Dataset extract Start Marker

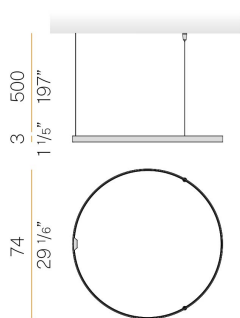

PANZERI

Zero Round

24V DC 24V

M15302.075.0510

 black

Data sheet

CODE	M15302.075.0510
SYSTEM POWER CONSUMPTION	36W
EFFICACY	84.97lm/W
LIGHT SOURCE	LED
LIGHT SOURCE LIFETIME	L70 (B50) 60.000h
COLOUR TEMPERATURE	2700K Ra>90
LIGHT DISTRIBUTION	diffused
POWER SUPPLY	24V DC
ELECTRICAL CONFIGURATION	24V
DRIVER	remote not included
NOMINAL LUMINOUS FLUX	3594lm
LUMEN OUTPUT	3059lm
EFFICIENCY	85.1%
WEIGHT	1,12 Kg
PROTECTION DEGREE	IP20
COLOUR TOLLERANCES	SDCM 3
PACKING DIMENSIONS	148,0 x 148,0 x 75,0 cm

Single or multiple suspension lighting fixture for interiors, with direct and indirect light emission.

Bended extruded aluminium structure in white, black, bronze, mat brass or titanium polyacrylic paint.

Extruded polycarbonate diffuser with opaline finish.

Suspension kit with griplocks and 5m (196,9") long steel cables.

5m (196,9") long power cable in transparent PVC.

Provided without power canopy.

Technical drawing

Dataset extract End Marker

What the task asks:
Copy out, from the listing above, every line that contains the string "black".

Response box:
 black
Bended extruded aluminium structure in white, black, bronze, mat brass or titanium polyacrylic paint.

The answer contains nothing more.